Au fond, c’est l’idée que le savant ou l’artiste ou l’écrivain demeurent des citoyens et qu’à ce noble titre partagé, ils ont parfaitement le droit et peut-être le devoir strict de participer au débat public.
(…)Ces engagements politico-médiatiques ont aussi le mérite de rappeler le retrait de l’espace public des autres intellos. Leur désaffiliation du social va souvent de pair avec l’hyperspécialisation stérile des sciences sociales. Les « fonctionnaires de l’humanité » (Bourdieu, encore), pour ne pas dire les corporatistes du particulier, s’esquivent et retraitent confortablement.
Les pros du commentaire viennent combler ce vide. Ce qui pousse à se demander quelle est la différence entre le savant-militant-commentateur (minoritaire) et le chroniqueur-journaliste (en surnombre) ?
(…)La chicane fait aussi se poser des questions sur le positionnement (ou l’engagement) des médias à l’ère de l’hypermédiatique. Quand tout le monde dit la même chose, ou presque, c’est bien de trouver et de garder sa voix distincte.

MAJ

Tiré du blogue Butterflyhunt, le billet : Oh Déjà Vu: On Social Media and Narcissism [Redux] [9]

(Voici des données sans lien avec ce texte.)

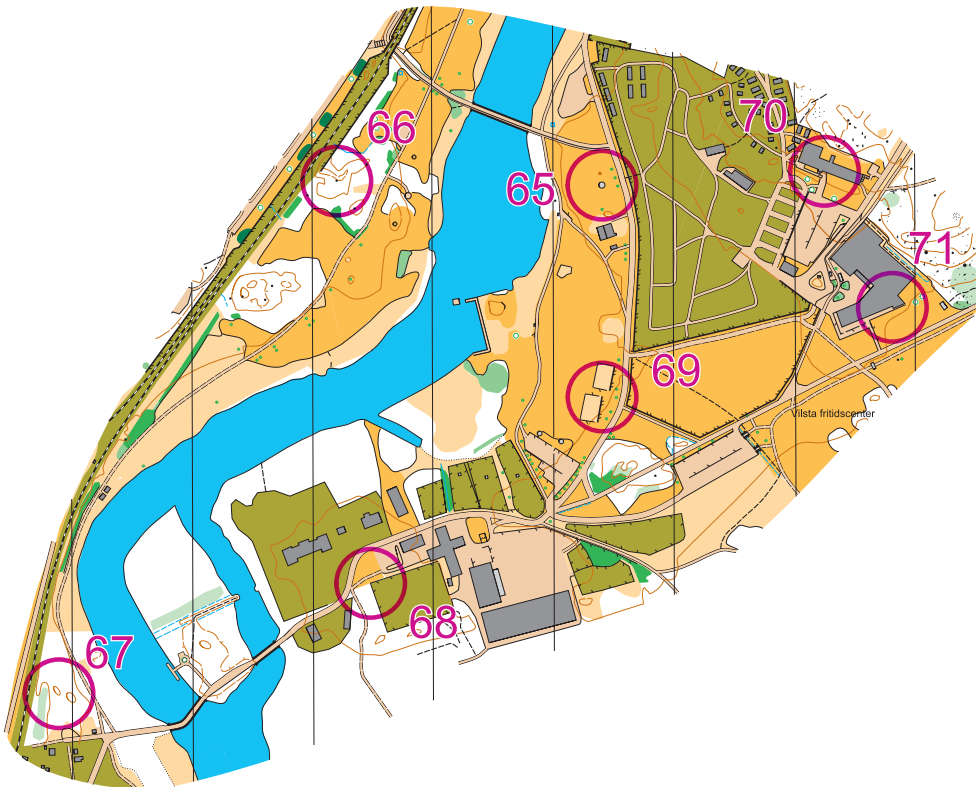

KARTA VILSTA

SKALA 1:7 500

Ekvidistans 2 m

ARRANGÖR
EOL

500 m

CHECKPOINTBESKRIVNING

NR	BESKRIVNING	SVÄRIGHET	KOD
65	UFO - byggnad, S sidan	Grön	
66	Sten, södra sidan	Blå	
67	Höjd, södra sidan	Blå	
68	Stakethörn	Grön	♂
69	Stakethörn	Grön	
70	Fönster, Vilsta sporthotell	Grön	♂
71	Fönster, Eskilstuna OL	Grön	♂
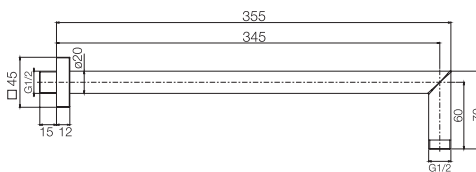

F2538

Wall mounted bracket 350 mm - 1/2"

Держатель для монтажа на стену 350 мм-1/2"

€

F2538__	CR	127,40
F2538__	CN - BS - NS	178,30
F2538__	SN - CS	191,20
F2538__	HL - ZL - OR - BR - RA	210,30
F2538__	HS - ZS - OS	216,60

Much of what is being said about “social media” was said about blogging before, as it was said of “traditional” literature and art before that. It is ironic that in a culture that embraces, encourages and demands self-sufficiency and autonomy recent representational methods (such as social media) are being accused of propagating “the narcissism epidemic”. (Susan Sontag would have had a lot to say about the pejorative medical metaphor). As Piombino brilliantly explained,

At this moment in time, blogging, as a writing movement, is blessed with an opportunity to evolve a writing tendency that can combine self-sufficiency with empathy in a way that can be advantageous to the individual writer, and at the same time to the writing community, the local community, the nation, and the world. Blogging is quite capable of allowing individual writers quite a lot of space to take a place on the continuum of community involvement and sustain quite a lot of automonomy. This is largely because of the technological advances inherent in html linking, and the fact that, at the moment, it is being made available free of charge.

We can easily substitute “blogging” in Piombino’s writing for “social media” without betraying its message. Blogging and social media are representational methods which allow the design of “profiles” which are an online extension of ourselves. Social media and blogging do not have to be more “narcissistic” than a good resume or CV. The average professional job advert seeks extraordinary qualities that strictly speaking only pathologically narcissistic individuals would truly believe they honestly possess.

et j’ajouterai, du collègue de monsieur Baillargeon, Jean Dion, dans son article La bataille des Plaines annulée pour raisons de sécurité [10], Le Devoir

.

Les médias n’aiment rien de mieux que de faire étalage de la “subversion” pour faire oublier qu’ils la récupèrent.

Ma conclusion :

J’admets volontiers être subversive… 🙂

MAJ2

Je réalise aussi que la condescendance d’une certaine classe journalistique, est sans doute la forme la plus dégueulasse de narcissisme…

MAJ3

Un autre point de vue sur la question, que j’aime beaucoup (oui je suis biaisée) chez Facteur Pub, Les bornés [11] :

(…) On se confine plutôt à des analyses de surface, à des jugements de valeurs, de Nathalie Petrowski à Stéphane Baillargeon hier dans Le Devoir (quelle sale petite attitude), on sent que Twitter agace, irrite.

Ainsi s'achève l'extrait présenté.